Things are different where we live now. The kids all wear costumes. They’re all polite. We get some double-dippers, but not many, although near quitting time, we still get a few teenagers. That’s when we turn out the light and call it a night.

I still bring in the pumpkin, though, just in case.

You gotta love old amusement parks

Every summer, when we visit my parents in eastern Kentucky, we take the kids to Camden Park.

Camden Park’s a neat old amusement park in Huntington, West Virginia,  a few miles from the Kentucky line and across the river from Ohio.

It started as a trolley park over 100 years ago, a picnic area along the Camden Interstate Railway. Some of its rides have been around since the Eisenhower administration and look it, too, but that’s part of what makes it great.

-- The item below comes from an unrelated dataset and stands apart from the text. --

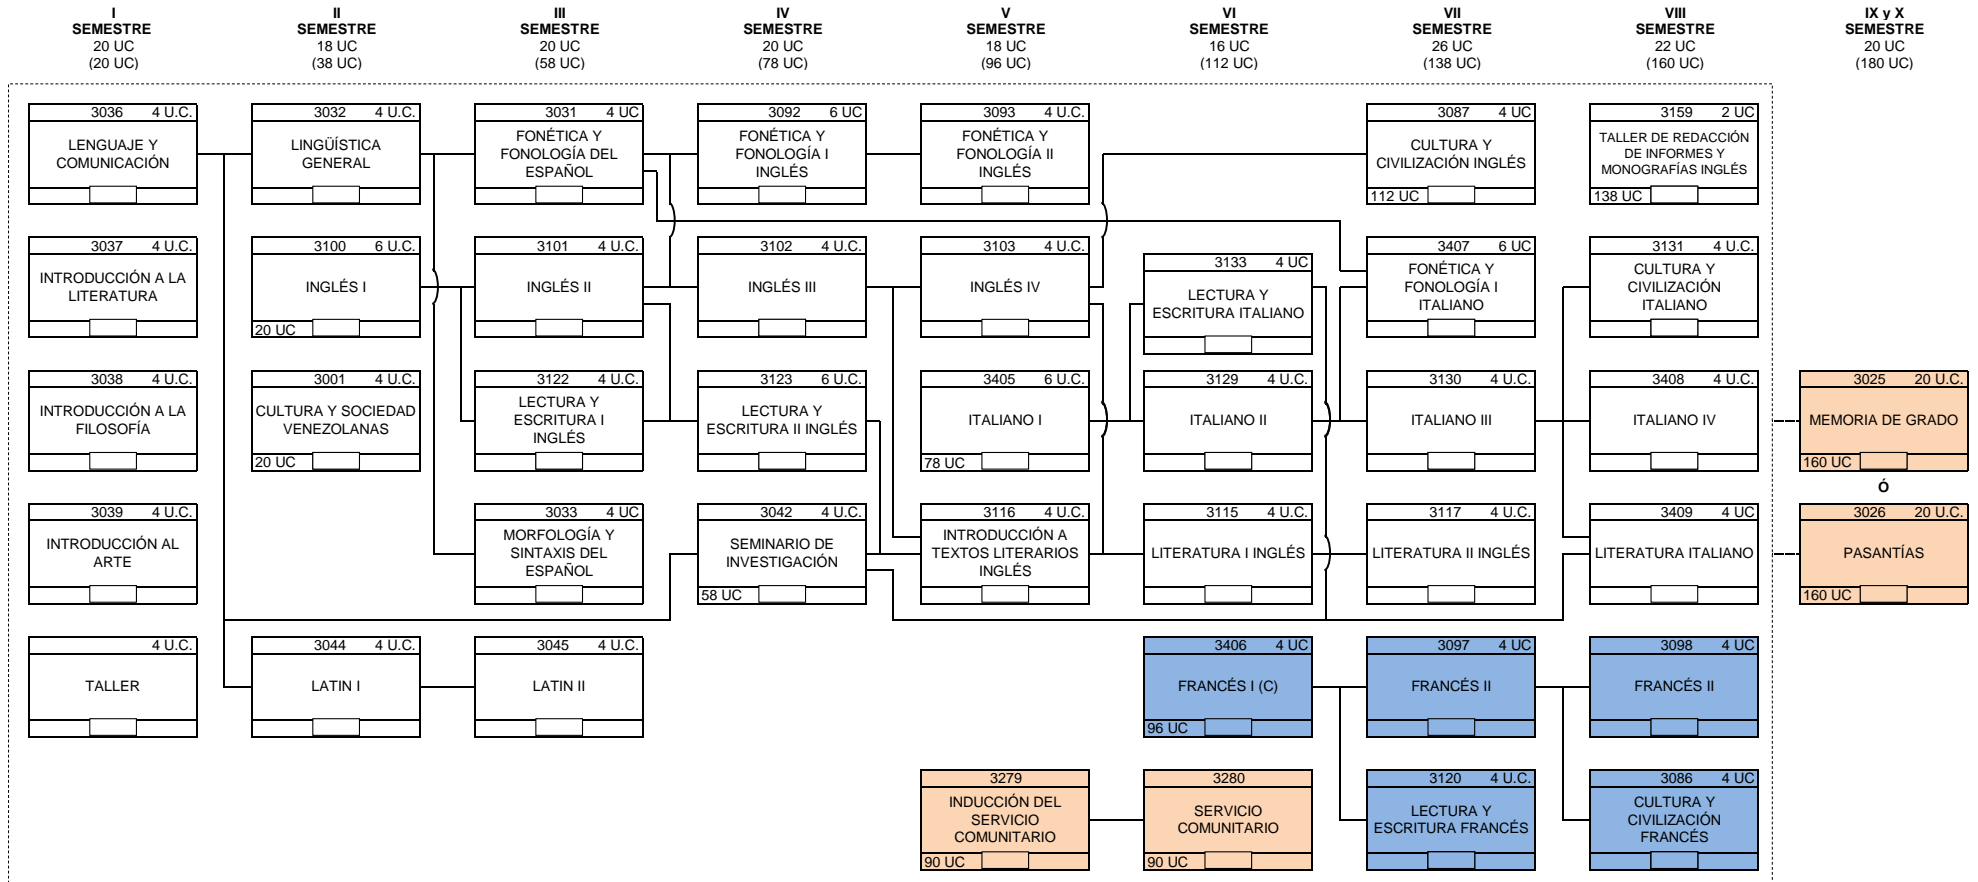

FLUJOGRAMA DEL PLAN DE ESTUDIOS
CARRERA: LICENCIATURA EN IDIOMAS MODERNOS, OPCIÓN: Inglés - Italiano - Francés

Notas:

- 1: El SERVICIO COMUNITARIO es un requisito de ley para optar a grado. El mismo se divide en dos etapas de inscripción: la inducción (taller), y el servicio comunitario propiamente. Se oferta a partir de haber cumplido (aprobado) con el 50% de Unidades Crédito (UC) del plan de estudio, que en el caso de la carrera de Idiomas Modernos corresponde a 90 UC.
- 2: El estudiante, para elegir entre la preparación de la Memoria de Grado o las Pasantías (con su informe correspondiente), deberá haber concluido toda la escolaridad (160 UC).

Out of habit, my wife calls it a theme park (we used to live in Orlando), but there’s a big difference between a theme park and a place like Camden Park.

For starters, there’s no theme, nothing tying the place together, no attempt at storytelling.

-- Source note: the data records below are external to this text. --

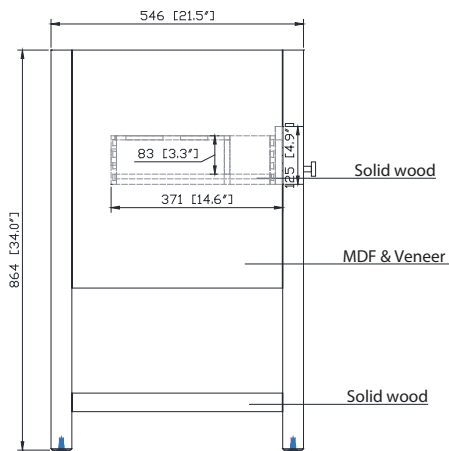

ZOE-V30-WA

Features

- Solid eucalyptus wood frame
- MDF walnut veneer
- 2 soft-close doors
- 1 pull out drawer with divider
- Matte gold hardware
- Adjustable height levelers

Caractéristiques

- Cadre en bois d'eucalyptus massif
- Placage de noyer MDF
- 2 portes à fermeture amortie
- 1 tiroir coulissant avec séparateur
- Matériel doré mat
- Niveleurs réglables en hauteur

Colors / Couleurs

- Walnut / Noyer

Nominal Dimension / Dimension Nominale

- 30W x 21.5D x 34H inches | 762 x 546 x 864 mm

Product Diagrams / Diagrammes Produit

Front / Devant

Back / Derrière

Side / Côté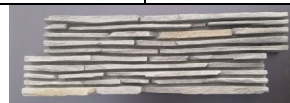

408/MONTE NEGRO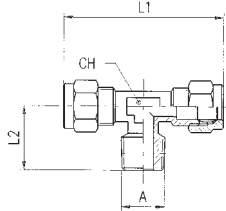

# 10220

RACCORDO A T MASCHIO - TEE MALE ADAPTOR CENTRE LEG

Tube/Tube	A	L1	L2	CH	Conf. Pack.
4 - 1/8		41	15	8	50
6 - 1/8		46	16.5	9	25
6 - 1/4		46	20.5	9	25
8 - 1/8		53	16.5	12	25
8 - 1/4		53	20.5	12	25
8 - 3/8		57	23	13	25
10 - 1/4		62	22.5	13	25
10 - 3/8		62	23.5	13	25
10 - 1/2		64	27	14	25
12 - 1/4		66	24.5	14	25
12 - 3/8		66	25	14	25
12 - 1/2		67	26.5	14	25
14 - 3/8		75	26	16	10
14 - 1/2		78	31	18	10
15 - 1/2		80	31	18	10
16 - 1/2		79	29	17	10
18 - 1/2		84	29.5	20	10
18 - 3/4		82	32.5	20	10
22 - 3/4		86	34	27	10

Camden Park’s roller coaster is just a coaster. It isn’t a rocket ship or a fighter jet.

Camden Park’s coaster, the Big Dipper, is made of wood, not steel, and it’s scary enough without a back story — not because it’s especially fast (because it isn’t), but because it opened in 1958 and looks like it could collapse at any moment.

Of course, that’s how it looked when I was a kid, and it’s still standing. It’s a lot sturdier than it looks.

You don’t have to stand in long lines to ride the rides at Camden Park, either.

Lord knows how long you’d have to wait to ride Harry Potter and the Forbidden Journey at Islands of Adventure, but you’ll wait 5, maybe 10 minutes to ride the Tilt-a-Whirl at Camden Park. The line would be even shorter if the operator didn’t give everyone a good, long ride.

Something else I love about old amusement parks is that the rides are simple.

Disney’s Haunted Mansion is this elaborate special effects show, but Camden Park’s Haunted House is a twisty little ride powered by gravity, black lights and what could be props from the Halloween store in the old strip mall.

Everything about Camden Park’s Haunted House is low tech, including the brakes. When the ride’s over and you turn that final corner and come outside, your car, which probably weighs 500, 600 pounds, is stopped by hand.